In statistics, **Analysis of Variance (ANOVA)** is also used to analyze the differences among group means. The difference between t-test and ANOVA is the former is ued to compare two groups whereas the latter is used to compare three or more groups. [Read more about the difference between t-test and ANOVA](http://b.link/anova24).

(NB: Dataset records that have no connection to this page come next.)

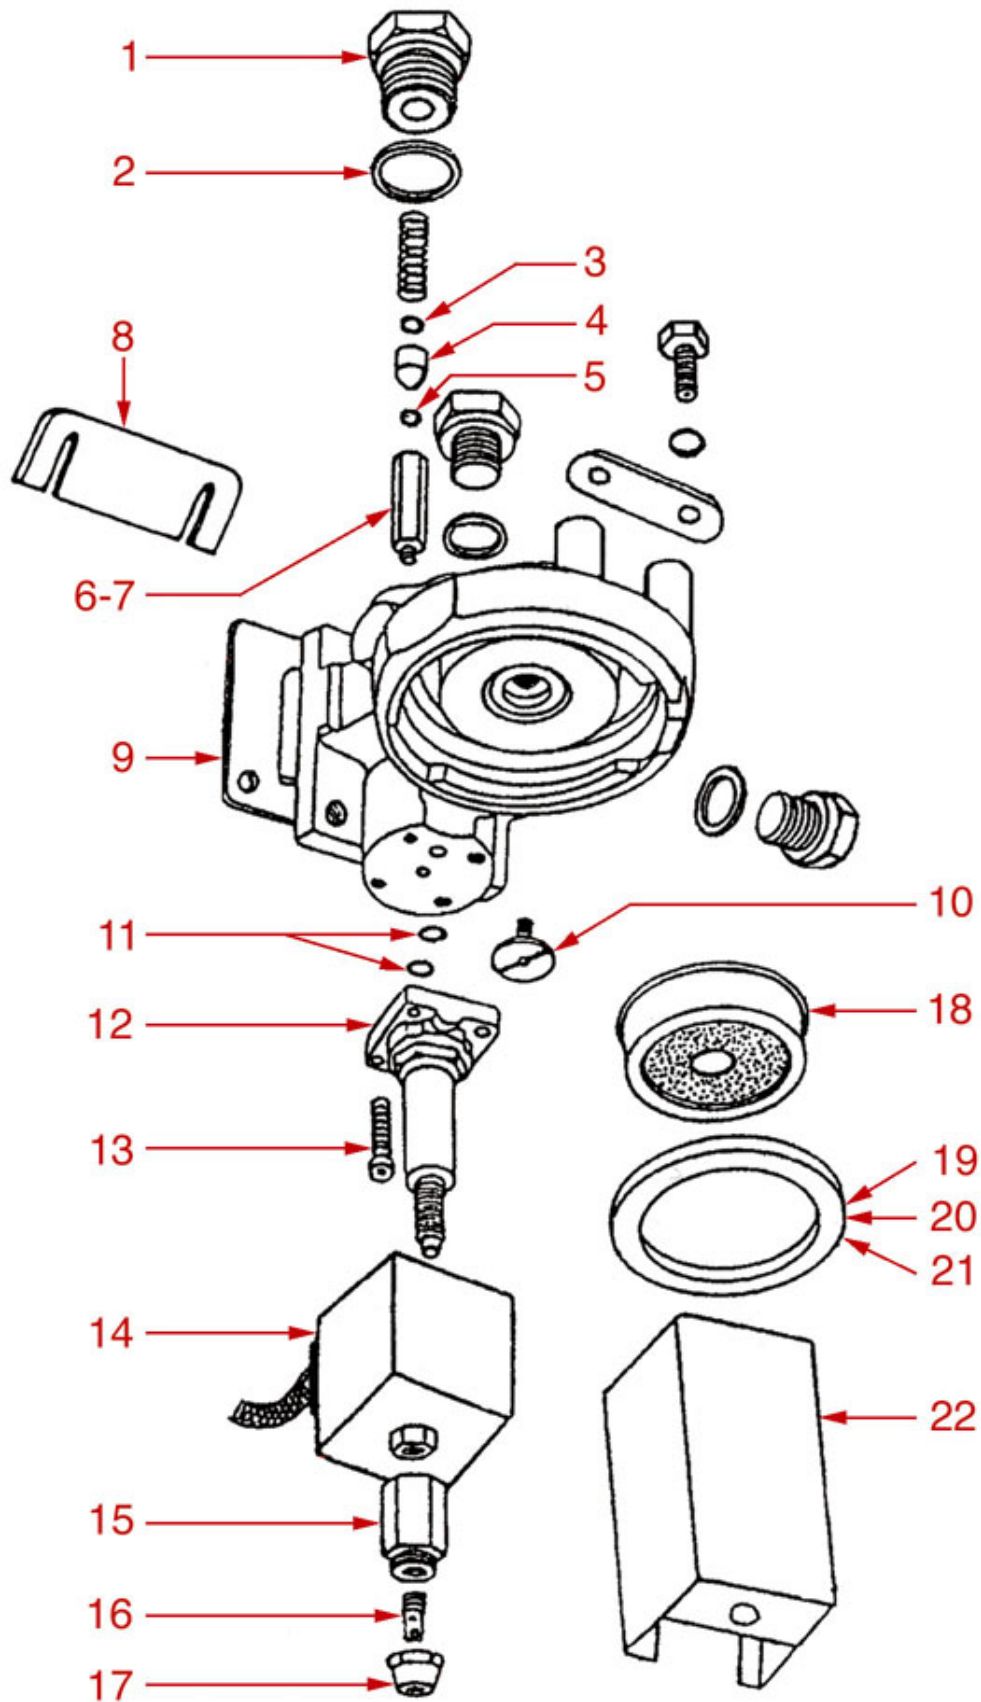

BREW GROUP

FS09

Positions without LF code no.: upon request

FUTURMAT-ARIETE

Position	LF code no.	Description
1	1439005	CAP ø 16 mm FOR BREW GROUP
2	1186201	TEFLON FLAT GASKET ø 21x16.8x2 mm
3	1160311	WATER FILTER ø 7 mm
4	1501531	NOZZLE ø 8 HOLE ø 0.7 mm
5	1186252	O-RING R3 EPDM
6	1324051	SHORT PIN M6
7	1324052	SHORT PIN M8
8	1186524	COFFEE GROUP GASKET 80x21x2 mm
9	1186172	COFFEE GROUP GASKET 80x72 mm
10	1501565	GROUP SPRAY NOZZLE ø 21 mm M5x1
11	1186612	O-RING 02025 VITON
12	1120339	3-WAY MECHANICAL COMPONENT PARKER
13	1455034	S/S SCREW T.C.C.E.I M4x10 UNI 5931
14	1120361	COIL PARKER YB09 220/230V 9W 50/60Hz
15	1349404	OUTLET FITTING
16	1349405	DRAIN JET SWIRL
17	1349403	DRAIN CHROMIUM-PLATED FITTING
18	1081016	SHOWER SCREEN ø 60 mm
19	1186722	FILTER HOLDER GASKET ø 73x57x8 mm
20	1186723	FILTER HOLDER GASKET ø 73x57x8.5 mm
21	1186724	FILTER HOLDER GASKET ø 73x57x9 mm
22	1201572	MANUAL SOLENOID COVER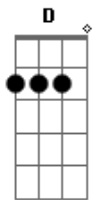

[Refrão]

D
 I come in peace
 A
 I come to rescue you
 D
 And thought you're sick
 A
 I will comfort you
 Dbm
 My heart is weak
 D
 When I'm not with you
 A
 We gotta make it through

[Segunda Parte]

A
 You gotta live and learn
 Dbm
 And you've learn to bail
 A Dbm
 You live your life like you're stuck in hell
 A
 And my only goal
 Dbm
 Is to make you feel safe
 A Dbm
 But like everything I do I fail

[Refrão]

Acordes

© ukulele-chords.com

ukulele-chords.com

© ukulele-chords.com

© ukulele-chords.com

D
 I come in peace
 A
 I come to rescue you
 D
 And thought you're sick
 A
 I will comfort you
 Dbm
 My heart is weak
 D
 When I'm not with you
 A
 We gotta make it through
 [Ponte]
 A
 You were part of a dream
 Dbm
 And you made life more real
 D A
 And you gave sense to my life too
 D A
 You gave sense to my life too
 Dbm
 You were part of a dream
 E
 And you made life more real
 D A
 And you gave sense to my life too
 D A
 You gave sense to my life too
 A
 Won't you man up now and
 Dbm
 Be a hero?
 A
 Won't you man up now and
 Dbm
 Be a hero?
 A
 Won't you man up now and
 Dbm
 Be a hero?
 A
 Won't you man up now and
 Dbm
 Be a hero?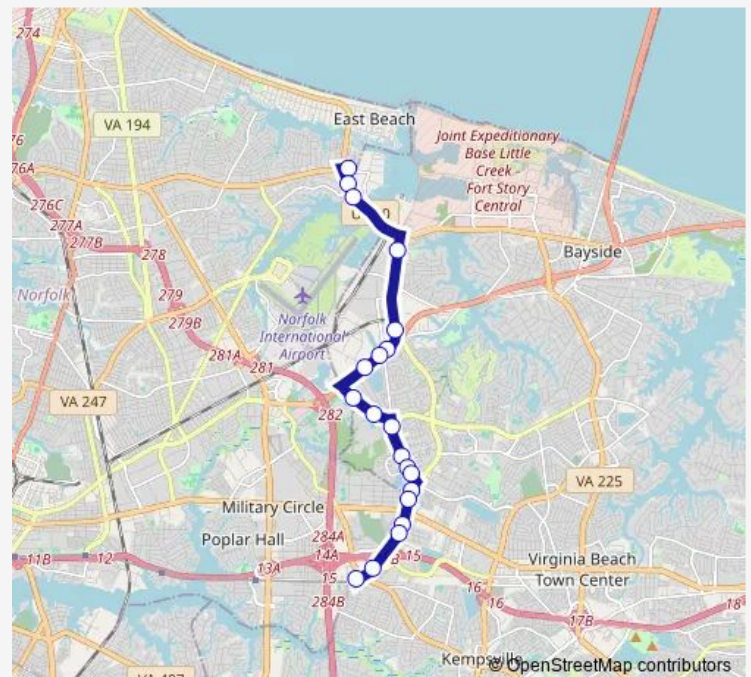

Newtown & Greenwich

Newtown RD Station

Route schedule

Joint EXP Base Little Creek — Newtown RD Station

Monday 06:03-00:03⁺¹

Tuesday 06:03-00:03⁺¹

Wednesday 06:03-00:03⁺¹

Thursday 06:03-00:03⁺¹

Friday 06:03-00:03⁺¹

Saturday 06:03-00:03⁺¹

Sunday 06:03-00:03⁺¹

Route info

Direction: Joint EXP Base Little Creek

Stops: 20

Trip Duration: 0 hour 22 min

027 — Northampton Blvd

Direction

Newtown RD Station — Joint EXP Base Little Creek

16 stops

[Open route schedule](#)

Newtown RD Station

Newtown & Kempsville

Newtown & Elam

Newtown & Virginia Beach

Diamond Springs & Northampton

Diamond Springs & Haden

Shore & Flowerfield

Joint EXP Base Little Creek

Route schedule

Newtown RD Station — Joint EXP Base Little Creek

Monday	06:33-00:33 ⁺¹
Tuesday	06:33-00:33 ⁺¹
Wednesday	06:33-00:33 ⁺¹
Thursday	06:33-00:33 ⁺¹
Friday	06:33-00:33 ⁺¹
Saturday	06:33-00:33 ⁺¹
Sunday	06:33-00:33 ⁺¹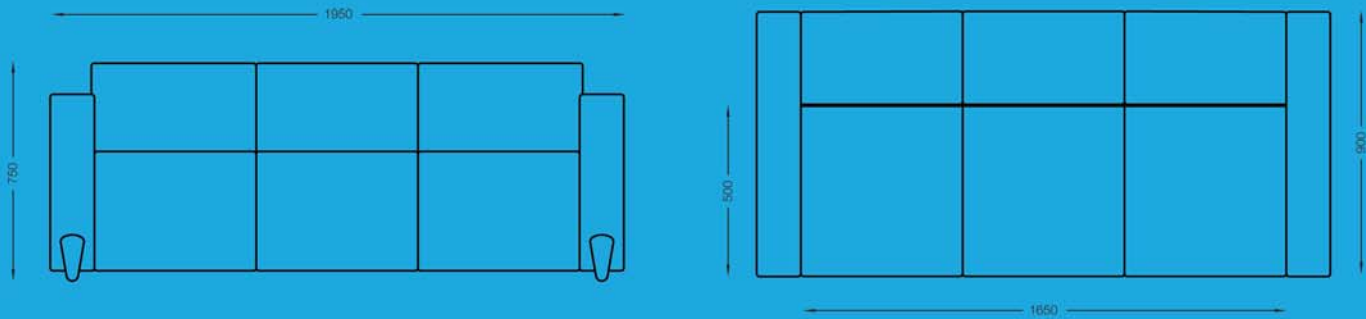

milieu

milieu.

www.homeofmilieu.co.uk

cumu

A light, soft and hemispherical form floating effortlessly towards the horizon in a limitless landscape.

Armchair

2 Seater

3 Seater

Table

All sizes in mm.

milieu.

+44 (0)1234 764440
discover@homeofmilieu.co.uk
www.homeofmilieu.co.uk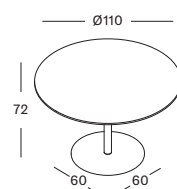

CUSTOM TOP SIZES ARE AVAILABLE ON REQUEST. MOQ: 20 PCS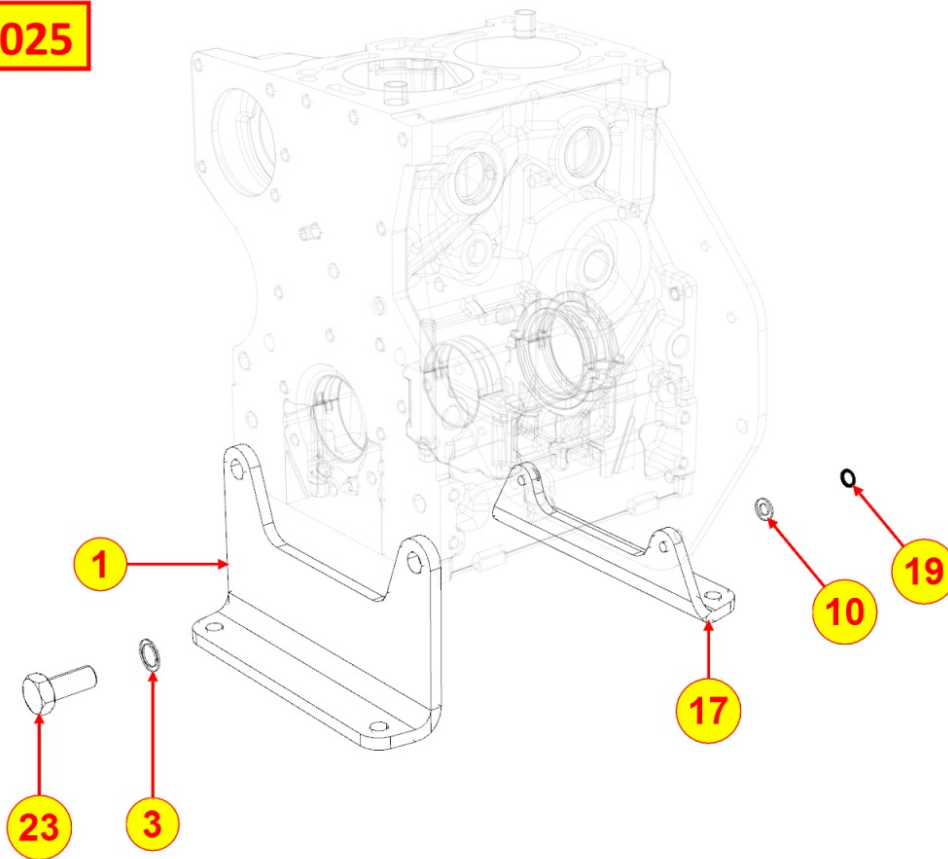

8025320110 - ENGINE MOUNTS

TAB | 025

Pos	Kit	Included In	Code	Description	Qty	Old Code	Tech. Info
1			ED0064291600-S	ENGINE MOUNT	1		
3			ED0076450070-S	WASHER	2		
5			ED0032400180-S	NUT	2		
10			ED0076250100-S	WASHER	2		
17			ED0064292500-S	ENGINE MOUNT	1		
19			ED0076450060-S	WASHER	2		
23			ED0017900880-S	SCREW	2

From the ANOVA test, you receive two numbers. The first number is called the **F-value** which indicates whether your null-hypothesis can be rejected. The critical F-value that rejects the null-hypothesis varies according to the number of total subjects and the number of subject groups in your experiment. In [this table](http://b.link/eda14) you can find the critical values of the F distribution. **If you are confused by the massive F-distribution table, don't worry. Skip F-value for now and study it at a later time. In this challenge you only need to look at the p-value.**

The p-value is another number yielded by ANOVA which already takes the number of total subjects and the number of experiment groups into consideration. **Typically if your p-value is less than 0.05, you can declare the null-hypothesis is rejected.**

In this challenge, we want to understand whether there are significant differences among various types of pokemons' `Total` value, i.e. Grass vs Poison vs Fire vs Dragon... There are many types of pokemons which makes it a perfect use case for ANOVA. Use Ironhack's database to load the pokemon data (db: pokemon, table: pokemon_stats). 

In [9]:
# Import libraries
import pandas as pd
import numpy as np
from scipy.stats import f_oneway

In [2]:
# Load the data:
pokemon = pd.read_csv('Pokemon.csv')

**To achieve our goal, we use three steps:**

1. **Extract the unique values of the pokemon types.**

1. **Select dataframes for each unique pokemon type.**

1. **Conduct ANOVA analysis across the pokemon types.**

#### First let's obtain the unique values of the pokemon types. These values should be extracted from Type 1 and Type 2 aggregated. Assign the unique values to a variable called `unique_types`.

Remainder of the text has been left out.